The sadness..................









I've told you about the joy embedded in the landscape and people of Ireland, now I need to tell you about the polar opposite, an all pervading feeling that is just as powerful........... the sadness. There is a sense of melancholy if you scratch the surface in Dublin. The "Celtic Tiger" that held so much promise of a better life, has been caged by the GFC (Global Financial Crisis), before it could truly roar. Cranes are being pulled down, the unemployment rate has leaped to 12%, government appointments have been frozen and the optimism that a few years ago was pushing the economy along, has all but gone (or so I was told by all of the cab drivers I spoke to, and these are the guys who know). Despite all of this, the Irish people I met, still have a aura of "it can only get better" about them and I guess this is because their history is painted with shattered dreams.

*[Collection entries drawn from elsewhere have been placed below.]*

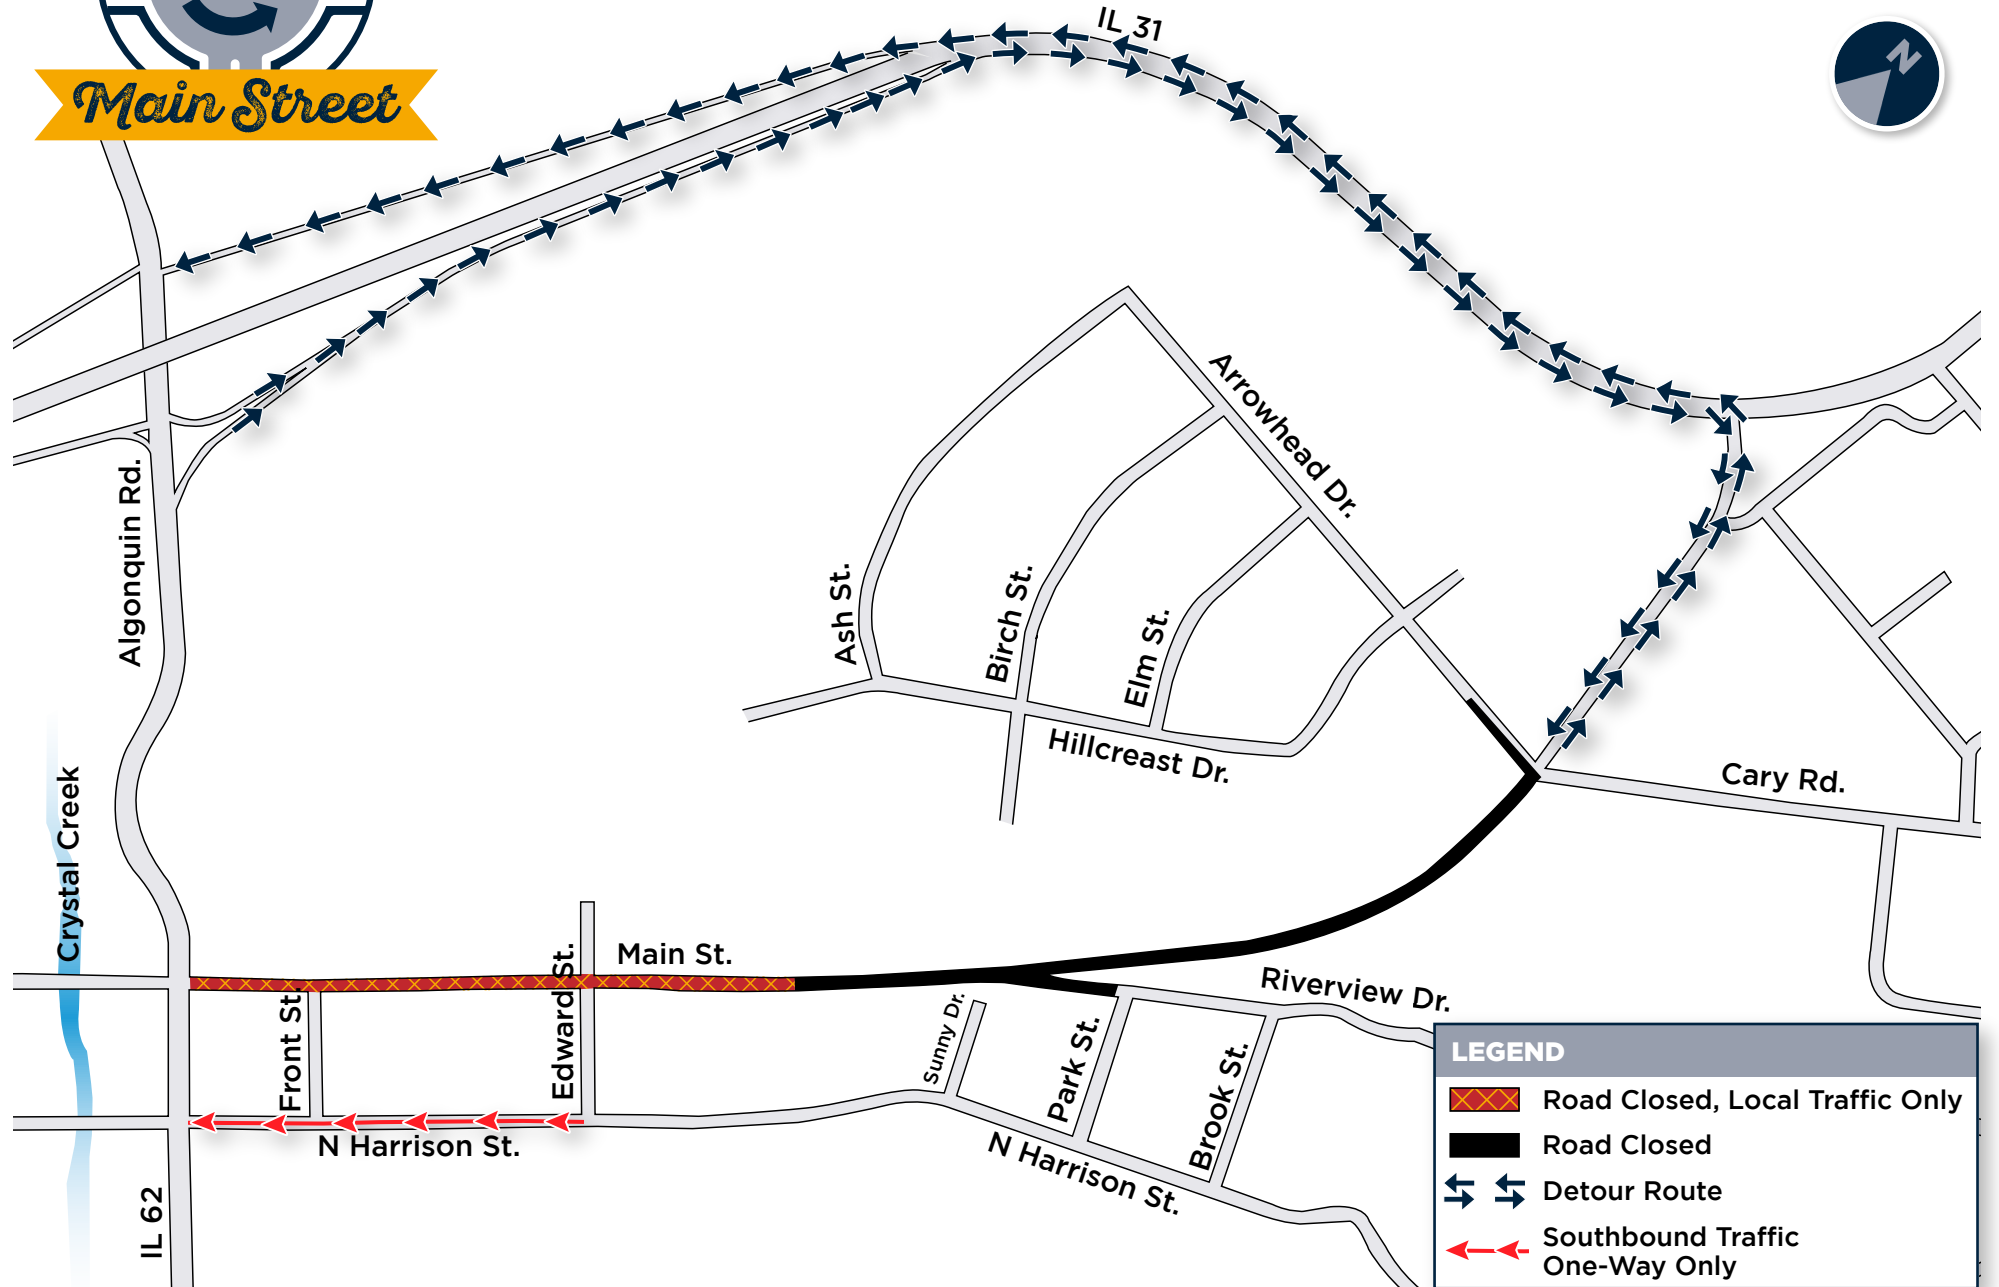

AROUND AND ABOUT

Main Street

ROUND AND ABOUT MAIN STREET Main Street Closure

LEGEND	
	Road Closed, Local Traffic Only
	Road Closed
	Detour Route
	Southbound Traffic One-Way Only

I had read much about the terrible famine of 1845-1850 that resulted in half of the Irish population either dying from starvation or emigrating to America, Australia, Canada and other "new world" countries in search of a better life. I thought I was prepared for the mark that this (and all of the other assaults that had been made on the country throughout it's history) would have made on the landscape of the country, but my first encounters in Dublin took me by surprise. The Famine Memorial on the banks of the Liffey, is one of the most poignant memorials I have ever seen. The sculptures of starving people, dressed in rags wandering aimlessly along the river make your heart ache (or they did mine). I had the same feeling when I visited Kilmainham Prison, originally a debtor's prison where you can still see records of people (including children) imprisoned for stealing food to survive. This is also where the republican heroes of the 1798, 1803, 1848, 1867 and 1915 uprisings were imprisoned (and many of them executed). The last prisoner to be released from here before the prison was finally closed in 1924 was Eamon de Valera, who later became president of the republic.

I always find old prisons sad and melancholy places but believe we need to remind ourselves of how previous generations struggled to create a better life for us, no matter where we are from.

Once on the open road, Phil and I travelled through much lush and fertile land. The stuff of myth, the green rolling hills of the "emerald isle", but then as we headed north west the landscape changed and with it the energy of the place. We travelled through progressively more rugged, desolate and cold landscapes covered in huge boulders, rocks and mountains. The lakes were huge, cold and black. The air was thick with melancholy as we drove from Delphi thru the Doo Lough Valley, the landscape telling the story of the 600 starving people who had walked this path from Louisburgh to Delphi Lodge in 1849, hoping to get some food from their landlord, only to be turned away. On the walk back 200 people died of starvation and exhaustion along the way and the spirits of those poor souls are tangible as you sit on the rocks by the freezing water of the lough, looking towards the black clouds encasing the mountains. There is a sadness here that makes your heart feel as heavy as the boulders that lie all around. This is a harsh and unforgiving land. It is cold, dark and lonely. I can't imagine how those remaining poor people didn't simply die from the despair that must have enveloped them as they walked this path amid friends and relatives who died one by one alongside them. Phil and I stayed here for some time, lost in our own thoughts. For me, I just let my heart ache and hoped that in some way the souls of those starving victims of an unjust world, may gain some small comfort from my remembering them. Before we left we both placed a small rock at the base of the Memorial Cross at the side of the road, alongside the rocks placed there by other travellers who had driven this dark path (by design or by accident) and who, like us, had felt moved to leave a little piece of something to acknowledge the power of the place and the strength of the people.

There are lots of monuments in Ireland to the victims of war and famine, not least of which is the amazing "Coffin Ship" sculpture at the foot of Croach Patrick, that commemorates the thousands of starving people who embarked on long, treacherous journeys over the sea in search of a better life in the mid 1800's when the famine was at its height. But for me, the most poignant memorials are the multiple deserted stone cottages that sit in this lonely landscape as stark reminders of the pain and hopelessness of the people who once lived there. Broken down, no rooves, ivy creeping in between the stones that once made up the walls that protected the family who lived within. It's not hard to imagine the desperation these people must have felt as they closed the door to their haven and took to the road hoping to find redemption from their hunger. Such a sad reminder of the invisibility of the poor, something we in the western world still seem to maintain to this day.